### Problem statement
Count the lines in the material below that contain the word "ADAPTOR" and give the number alone.

====================

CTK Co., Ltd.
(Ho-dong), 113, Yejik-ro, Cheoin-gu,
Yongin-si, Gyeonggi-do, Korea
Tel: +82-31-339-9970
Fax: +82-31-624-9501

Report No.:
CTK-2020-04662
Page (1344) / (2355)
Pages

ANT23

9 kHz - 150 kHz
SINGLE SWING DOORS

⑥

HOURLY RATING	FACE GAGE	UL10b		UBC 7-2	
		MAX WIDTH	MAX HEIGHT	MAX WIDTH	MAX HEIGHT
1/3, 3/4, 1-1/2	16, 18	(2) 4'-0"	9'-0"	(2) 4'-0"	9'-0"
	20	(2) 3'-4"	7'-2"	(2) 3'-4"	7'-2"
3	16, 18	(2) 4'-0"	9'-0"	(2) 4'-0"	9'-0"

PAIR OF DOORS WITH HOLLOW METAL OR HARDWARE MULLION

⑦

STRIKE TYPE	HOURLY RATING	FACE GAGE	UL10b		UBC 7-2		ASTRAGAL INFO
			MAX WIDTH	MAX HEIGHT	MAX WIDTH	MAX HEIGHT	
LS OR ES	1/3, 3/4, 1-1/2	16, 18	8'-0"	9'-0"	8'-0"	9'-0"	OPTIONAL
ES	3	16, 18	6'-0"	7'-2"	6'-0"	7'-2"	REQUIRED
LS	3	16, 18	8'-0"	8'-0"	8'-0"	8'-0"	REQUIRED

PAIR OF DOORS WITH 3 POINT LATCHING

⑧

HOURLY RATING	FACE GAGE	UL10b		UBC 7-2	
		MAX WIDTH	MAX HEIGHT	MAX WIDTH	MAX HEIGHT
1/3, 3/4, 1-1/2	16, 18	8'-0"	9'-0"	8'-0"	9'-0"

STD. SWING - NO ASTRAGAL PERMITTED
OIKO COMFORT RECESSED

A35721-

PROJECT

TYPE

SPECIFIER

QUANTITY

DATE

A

====================

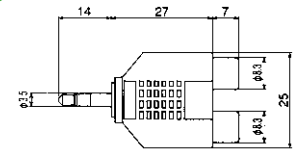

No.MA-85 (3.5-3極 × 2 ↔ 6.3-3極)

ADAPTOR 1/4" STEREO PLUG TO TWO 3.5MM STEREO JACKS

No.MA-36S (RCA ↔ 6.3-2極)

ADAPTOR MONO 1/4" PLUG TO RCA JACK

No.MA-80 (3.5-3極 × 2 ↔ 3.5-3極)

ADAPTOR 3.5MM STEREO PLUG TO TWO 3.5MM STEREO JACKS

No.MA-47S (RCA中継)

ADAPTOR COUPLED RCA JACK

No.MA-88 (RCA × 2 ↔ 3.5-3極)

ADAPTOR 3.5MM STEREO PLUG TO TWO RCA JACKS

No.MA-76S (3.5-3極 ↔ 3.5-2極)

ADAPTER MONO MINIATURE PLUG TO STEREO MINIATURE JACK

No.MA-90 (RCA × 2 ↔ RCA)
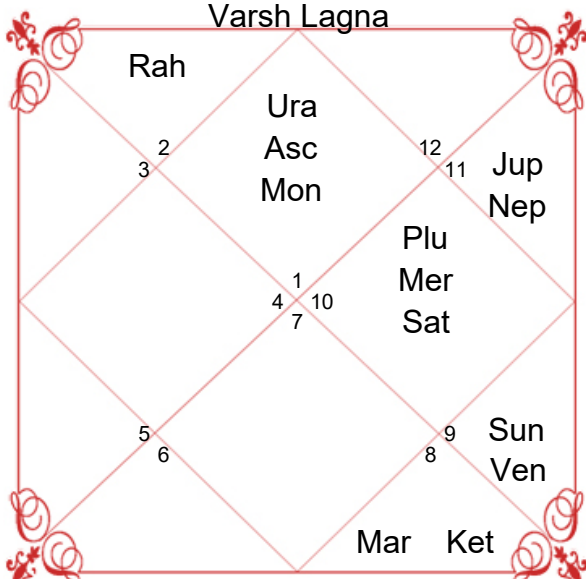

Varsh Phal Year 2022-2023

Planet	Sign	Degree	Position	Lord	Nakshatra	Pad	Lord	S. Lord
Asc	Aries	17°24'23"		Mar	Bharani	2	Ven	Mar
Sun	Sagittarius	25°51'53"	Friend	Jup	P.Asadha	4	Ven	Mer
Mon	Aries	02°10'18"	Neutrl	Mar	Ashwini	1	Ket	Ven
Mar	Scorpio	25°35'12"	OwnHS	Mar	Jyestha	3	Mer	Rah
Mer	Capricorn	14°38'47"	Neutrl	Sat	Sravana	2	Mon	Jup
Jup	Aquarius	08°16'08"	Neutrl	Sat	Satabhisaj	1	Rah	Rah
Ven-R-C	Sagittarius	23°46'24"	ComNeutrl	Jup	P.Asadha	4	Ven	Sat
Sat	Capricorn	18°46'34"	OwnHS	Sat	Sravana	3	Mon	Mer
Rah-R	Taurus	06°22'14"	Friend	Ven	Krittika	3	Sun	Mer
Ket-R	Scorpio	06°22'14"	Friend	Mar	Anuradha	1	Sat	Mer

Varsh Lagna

====================

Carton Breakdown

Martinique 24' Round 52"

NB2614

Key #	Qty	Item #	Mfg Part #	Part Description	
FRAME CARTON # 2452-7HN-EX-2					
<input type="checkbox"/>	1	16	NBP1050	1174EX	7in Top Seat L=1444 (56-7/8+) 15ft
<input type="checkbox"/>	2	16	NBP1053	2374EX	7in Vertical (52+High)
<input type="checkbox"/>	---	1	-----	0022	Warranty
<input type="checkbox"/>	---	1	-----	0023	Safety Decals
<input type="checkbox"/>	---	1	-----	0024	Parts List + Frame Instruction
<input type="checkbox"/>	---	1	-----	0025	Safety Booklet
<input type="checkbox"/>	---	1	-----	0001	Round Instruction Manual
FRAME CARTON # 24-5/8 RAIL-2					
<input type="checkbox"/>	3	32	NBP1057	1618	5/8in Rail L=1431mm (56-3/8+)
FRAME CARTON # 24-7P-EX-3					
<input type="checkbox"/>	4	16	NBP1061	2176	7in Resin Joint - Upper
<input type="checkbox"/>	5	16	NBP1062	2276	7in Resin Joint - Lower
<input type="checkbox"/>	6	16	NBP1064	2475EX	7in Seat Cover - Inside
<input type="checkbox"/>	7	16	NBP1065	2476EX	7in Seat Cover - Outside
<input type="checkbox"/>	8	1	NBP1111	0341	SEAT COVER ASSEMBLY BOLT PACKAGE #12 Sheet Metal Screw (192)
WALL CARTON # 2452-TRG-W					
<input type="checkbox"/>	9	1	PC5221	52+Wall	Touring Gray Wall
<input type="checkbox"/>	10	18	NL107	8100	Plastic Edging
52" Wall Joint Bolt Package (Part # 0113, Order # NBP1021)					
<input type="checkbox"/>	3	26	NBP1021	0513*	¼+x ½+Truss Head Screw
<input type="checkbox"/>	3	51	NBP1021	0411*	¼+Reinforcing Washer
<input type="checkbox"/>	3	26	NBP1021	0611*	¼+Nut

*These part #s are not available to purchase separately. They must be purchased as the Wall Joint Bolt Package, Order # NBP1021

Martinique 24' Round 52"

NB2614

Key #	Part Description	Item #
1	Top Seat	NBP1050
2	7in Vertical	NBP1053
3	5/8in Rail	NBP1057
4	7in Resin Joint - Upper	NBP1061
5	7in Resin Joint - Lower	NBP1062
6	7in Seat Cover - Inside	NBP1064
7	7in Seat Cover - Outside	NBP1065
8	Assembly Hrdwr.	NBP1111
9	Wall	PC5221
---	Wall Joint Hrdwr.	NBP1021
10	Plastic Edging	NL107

====================

### Solution to this exercise
5